And so you need to be violent enough in sort of your policy changes that you eventually get it to where you're into that goal region. And once you get in that goal region, now you have some gradients and you're in good shape.

So that's actually another thing that I was going to talk about. But designing your cost function is extremely important. There are cost functions that can be extremely poor and doing this can work really poorly on. And there's cost functions that can make it a lot easier.

So if you have a cost function which is relatively smooth, if it's-- ideally it doesn't have this sort of banana problem. If it's relatively same in all the different parameters, it can work a lot better. And you can sort of formulate the same task lots of time, since lots of times your cost function isn't what you really want to optimize. It's just of a proxy for trying to get something done.

That's what Russ talked about he didn't care about optimality. It's like, here's a cost function that gives us a means of solving how to do this. And so there's sort of a whole bunch of cost functions you can imagine coming up that try to encapsulate that task.

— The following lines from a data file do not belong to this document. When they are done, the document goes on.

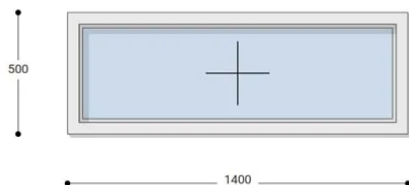

NEO ISO

140x50 Műanyag ablak, Egyszárnyú, Fix, Neo Iso Rehau

NEFI 140-50

~~113.576 Ft~~ **Ár: 45.428 Ft**

Hívjon +36 1 468-30-10
Minket, vagy írjon.

AZ OLDALON TALÁLHATÓ NYÍLÁSZÁRÓKON KÍVÜL, EGYEDI MÉRETŰ ABLAKOK - AJTÓK LEGYÁRTÁSÁT IS VÁLLALJUK. TOVÁBBI INFORMÁCIÓÉRT KÉRJÜK HÍVJON MINKET, VAGY ÍRJON [ÜGYFÉLSZOLGÁLATUNKNAK](#).

Felár nélkül legyártható méretek:

Szélesség: 131cm-től 140cm-ig

Magasság: 41cm-től 50cm-ig

Fokozott hőszigetelési érték, 7 légkamara, letisztult forma, kiváló ár: Ez a **Neo Iso műanyag ablak**. Igazi arany középút ár-érték tekintetében. A Neo Iso Rehau ablakok minden típusú befektetéshez ideális megoldást jelentenek. Ez a korszerű ablakrendszer teljesíti a kifogástalan minőséggel és a versenyképes árral szembeni magas elvárásokat. Kiemelkedő hőszigetelésük és ár-érték arányuk miatt nagyon sok ügyfelünk választja ezt az ablakcsaládot.

Típus: Egyszárnyú fix műanyag ablak

Beépítési mélység: 80 mm profil szélesség

Kamrák száma: 7 db erősített falú kamra

Vasalat: WINKHAUS

2 rétegű üvegezéssel: $U_g = 1,1$ [W/m²K]

3 rétegű üvegezéssel: $U_g = 0,5$ [W/m²K]
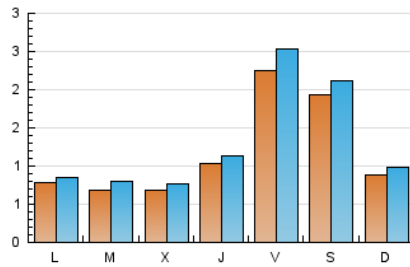

1. Cifras totales y promedios (Nacional)

MES - AÑO	NAVEGADORES UNICOS	VISITAS	PAGINAS
Diciembre - 2020	2.972	3.943	5.783
PROMEDIO DIARIO	115	127	187
PROMEDIO LUNES-VIERNES	105	118	174
PROMEDIO SABADO-DOMINGO	142	155	222
PAGINAS / VISITAS	1,47		
DURACION MEDIA VISITAS	0:00:55		
DURACION MEDIA PAGINAS	0:01:57		

2. Secciones (Nacional)

	PAGINAS	%
HOME	0	0 %
RESTO	5.783	100.00 %

3. Por día del mes (Nacional)

Día	N. únicos	Visitas	Páginas	Día	N. únicos	Visitas	Páginas	Día	N. únicos	Visitas	Páginas
1	83	100	158	11	723	820	1.058	21	94	104	146
2	69	79	173	12	607	655	845	22	79	91	171
3	60	65	98	13	176	194	260	23	64	67	87
4	35	42	64	14	125	136	234	24	33	35	51
5	32	36	71	15	85	95	133	25	37	40	83
6	47	52	84	16	88	100	144	26	36	40	68
7	27	32	48	17	76	86	118	27	62	67	111
8	49	56	125	18	106	115	148	28	65	67	90
9	67	74	125	19	101	112	177	29	50	58	90
10	323	354	555	20	72	81	157	30	56	64	81
								31	26	26	30

4. Gráficas (Nacional)

4.1 Por día de la semana (promedio)

N. únicos / Visitas (x 100)

Páginas (x 100)

4.2 Por franja horaria (promedio)

Visitas (x 1000)

Páginas (x 1000)

4.3 Por meses

Now, if you come up with-- for the perch one, for example, this plane perching, which is a difficult problem, and a problem where the models are very bad-- I mean, the aerodynamic models of this plane flying like that are extremely poor. And we have-- we actually have some decent ones. We spent a lot of work trying to get decent ones. But sort of the high-fidelity kind of region, where you really want to just get at the end, it's hard to model that.

So the thing is that, what if you had a cost function, like what we really care about is hitting that perch. So let's say that we give you a 1 if you hit the perch and a 0 everywhere else. Now, that means until we hit the perch, we're getting no information. We could be getting really close, we could be really far away. It's not going to tell us anything.

Now, a lot of actually reinforcement learning has these sort of rewards, like these sort of delayed rewards where you get it here, and then you have to sort of propagate that back. When you're trying to accomplish a task like that, that doesn't necessarily work that well.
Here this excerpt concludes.